Now I already have the output of the transfer function, I am gonna merge the output with the ID of each passenger and see the rates of death that we got

Results¶

In [29]:

results = test.join(y_test["Survived"])

This function below will just compute the rate of survivorship of male and female

In [30]:

def SurvivalRate_expected(sex):
    rate_expected = (results.loc[results["Sex"] == sex].loc[results["Survived"] == True].shape[0])/(results.loc[results["Sex"] == sex].shape[0])
    print(f"{round(rate_expected*100,3)} % {sex} survived")

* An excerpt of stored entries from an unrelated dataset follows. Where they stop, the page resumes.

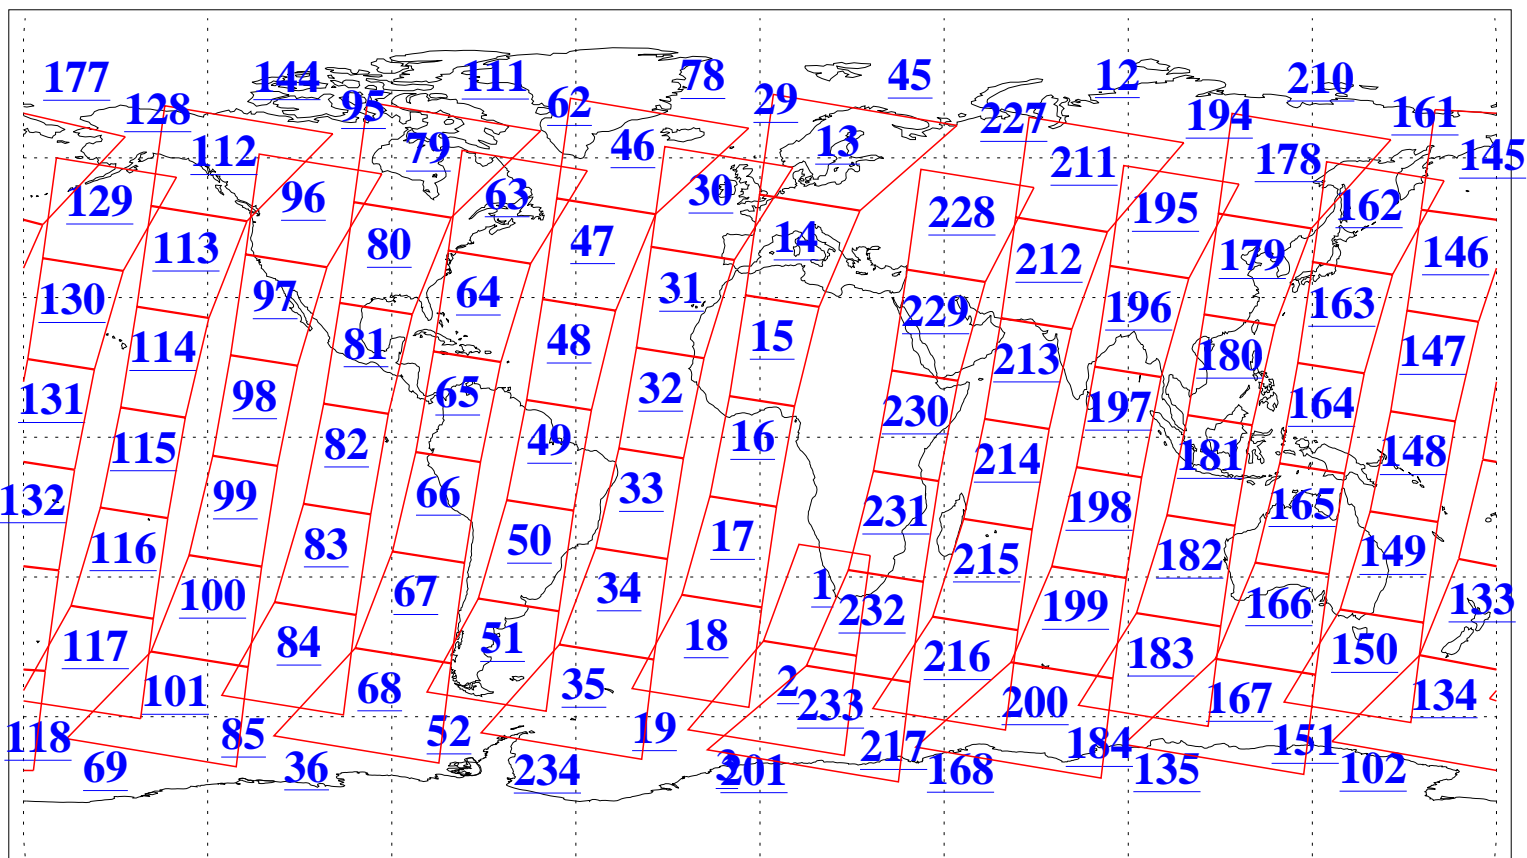

L1B Availability
AMSU Granules: 240
HSB Granules: 0
AIRS Granules: 240

22 Apr 2004
DoY 113
Aqua Day 719
Granules: 1 to 120

Granules: 121 to 240

Legend: AMSU Available, HSB Available, AIRS Available

L1B Availability
AMSU Granules: 240
HSB Granules: 0
AIRS Granules: 240

22 Apr 2004
DoY 113
Aqua Day 719

Ascending Granules

Descending Granules

Legend: AMSU Available, HSB Available, AIRS Available

L1B Availability
 AMSU Granules: 240
 HSB Granules: 0
 AIRS Granules: 240

22 Apr 2004
 DoY 113
 Aqua Day 719

Northern Hemisphere Granules

Southern Hemisphere Granules

Legend: AMSU Available, ~~HSB Available~~, AIRS Available

Now just calling the function

In [31]:

SurvivalRate_expected("female")
SurvivalRate_expected("male")

78.289 % female survived
7.519 % male survived

Let's compare the results with the know ones from the training data set

In [33]:

barWidth = 0.3
bars1 = [74.204, 18.891]
bars2 = [78.289, 7.519]
r1 = np.arange(len(bars1))
r2 = [x + barWidth for x in r1]
 
plt.bar(r1, bars1, width = barWidth, color = 'blue', edgecolor = 'black', capsize=7, label='Real')
plt.bar(r2, bars2, width = barWidth, color = 'cyan', edgecolor = 'black', capsize=7, label='Expected')
plt.xlabel('Women vs Men')

plt.ylabel('Percentage of Survivors')
plt.legend()
plt.show()

Conclusions¶

Your chances of surviving in the Titanic were pretty high if you were a kid or a women, also the higher the class of your ticket the more chances you had of surviving, and that magical number of 3 relatives in the boat got chances quite high too. To compare.

Comparing the real values with the expected ones we can see that maybe the algorithm was a bit too optimistic about women and a little pesimistic about men

This has been my first approach to Data Science and Machine Learning, I've learnt a lot and hope to keep on doing so in the upcoming weeks, hopefully I'll do the same problem again and get a more appropiate value, who knows?